Trump and Biden met for the first debate of the presidential election season on Sept. 29. During the debate, Biden said Trump never condemned white supremacy or neo-Nazis. When debate moderator Chis Wallace directly asked Trump to condemn white supremacists and right-wing militia groups, the president refused to directly condemn the groups.

While Trump has in fact made statements condemning white supremacy (and later condemned white supremacist groups in a Fox News interview two days after the debate), his hesitancy to do so in the first public debate left some questioning his motives.

According to Busby and BYU political science professor Adam Dynes, this is a pattern for Trump. Dynes gave the example of the president’s comments after the 2017 “Unite the Right” rally in Charlottesville where white supremacists and anti-racism protestors clashed, leaving one dead and many injured.

On Aug. 14, 2017, the president delivered a statement condemning the violence and hatred at the rally. “Racism is evil. And those who cause violence in its name are criminals and thugs, including the KKK, neo-Nazis, white supremacists, and other hate groups that are repugnant to everything we hold dear as Americans.”

However, the next day at a news conference, Trump said there “were very fine people on both sides” and blamed both sides for the violence.
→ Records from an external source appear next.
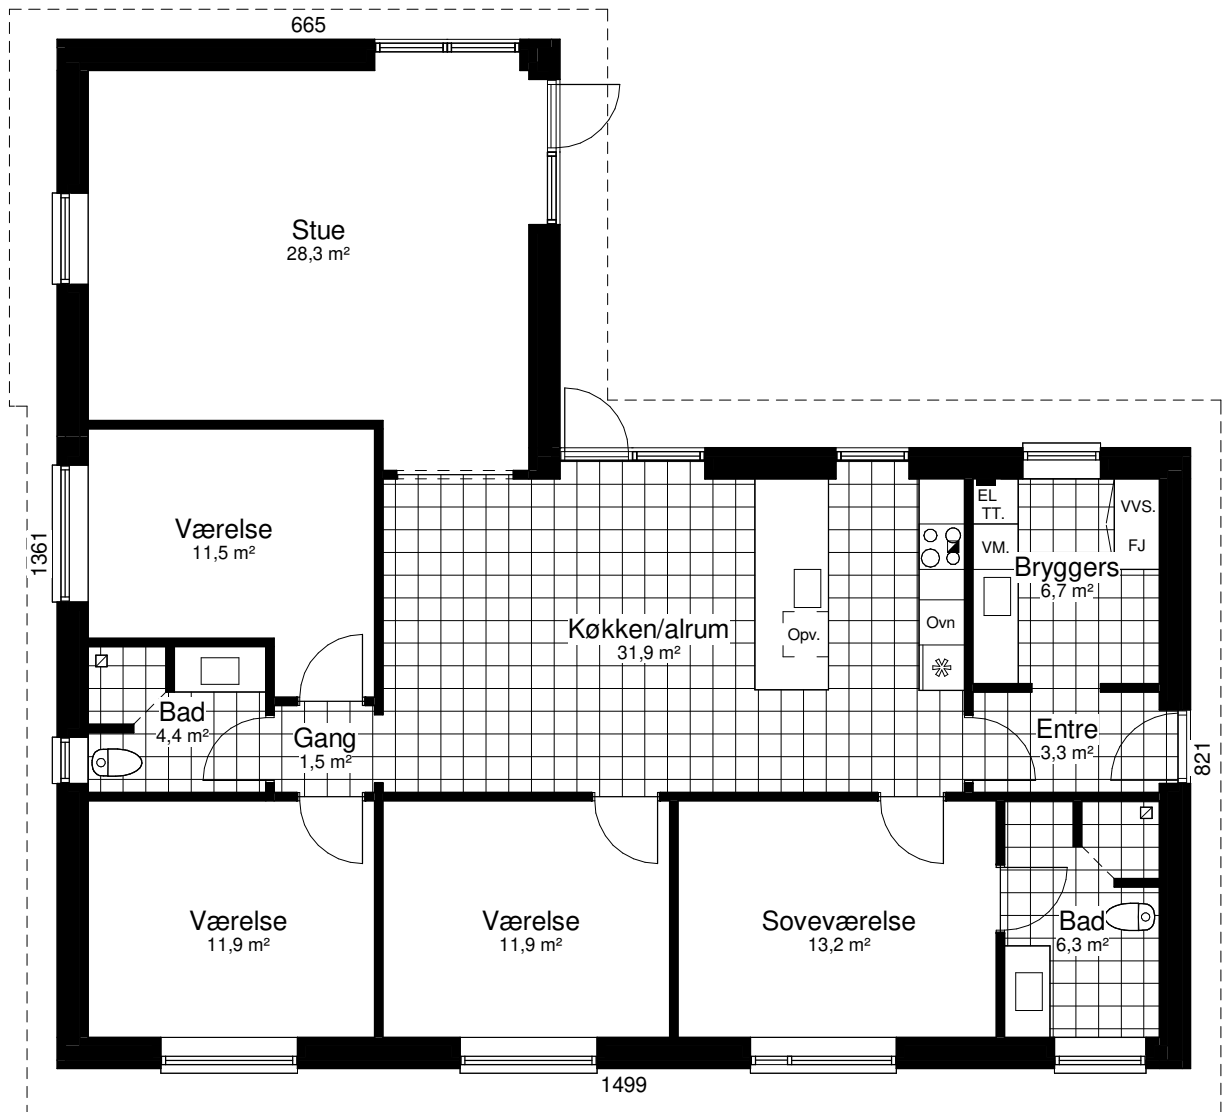

Perspektiv 159 V

Mod nordøst

Mod sydvest

Grundplan 159 m²
Tegningen er ikke målfast

Preben Jørgensen Huse A/S
Gammelmarksvej 27, 7100 Vejle
Telefon 75805171

This comment received traction and criticism both in the news media and social media.

According to Dynes, this tactic is commonly used by Trump to support those who support him and oppose those who oppose him, and these incidents are in line with his campaign’s strategy to get his supporters out to vote.

Busby added that Trump usually makes these statements after receiving criticism and facing pressure for things that he said. It is Trump’s pattern to sometimes take “maybe a more muddled, unclear position and then afterward really kind of fix it.” One of the political reasons for this pattern could be trying to show Trump doesn’t support white supremacists while not alienating white groups who might have concerns about racial progress.
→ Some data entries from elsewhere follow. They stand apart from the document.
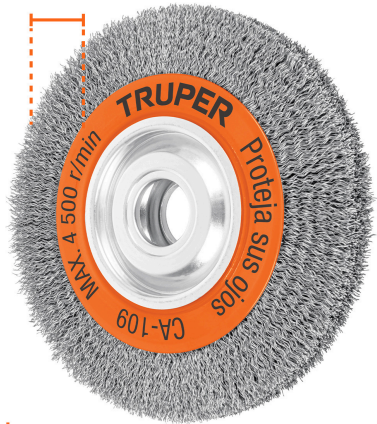

TRUPER

CÓDIGO: 17526 CLAVE: CA-109

Carda alambre ondulado 8" x 1" para esmeril, TRUPER

- Alambres ondulados de acero al carbono
- Acabado semifino
- Ideal para limpieza de superficies irregulares
- Para esmeriles de banco
- Mayor flexibilidad

**Especificaciones**

Diámetro	8" (200 mm)
Espesor	1"
Largo del alambre	34 mm
Velocidad máxima	4,500 rpm
Calibre	0.35 mm (0.014")
Empaque individual	Blíster
Inner	4
Máster	12
Pallet	384

Incluye

Adaptadores

País de origen**Fabricado en China bajo las estrictas especificaciones de GRUPO TRUPER**

Imágenes complementarias

Alambre ondulado

Largo de alambre
34 mm (1 3/8")

Diámetro
8" (200 mm)

Imágenes complementarias

“I think it is clear that his political coalition includes people who are maybe uneasy or unhappy with their current state of racial affairs in the United States that feel like they’ve been left behind. Whites who feel like they’ve been left behind, (and) whites who feel like racial progress has come at their expense,” Busby said.

How will this affect voters?

While racism has been a larger topic in this year’s presidential election, how the issue will affect voters has yet to be seen.

Dynes said a voter’s party affiliation is still more likely to determine how that person votes than the recent rhetoric around race. “(But) people’s racial considerations can also impact which party they identify with to begin with.”

However, Dynes said Trump’s rhetoric might turn away some voters, specifically moderate Republicans. “At the same time, it might attract some voters, and it seems to speak to (some parts of his base),” he said. “My sense of it overall, it hurts President Trump more than it helps in his reelection efforts.”

On the left side, Busby said Biden’s hesitancy to push Trump harder to condemn white supremacy during the debate, and Biden’s gaffes about race leave some communities of color wanting to see the former vice president be more forceful in his own statements condemning racism.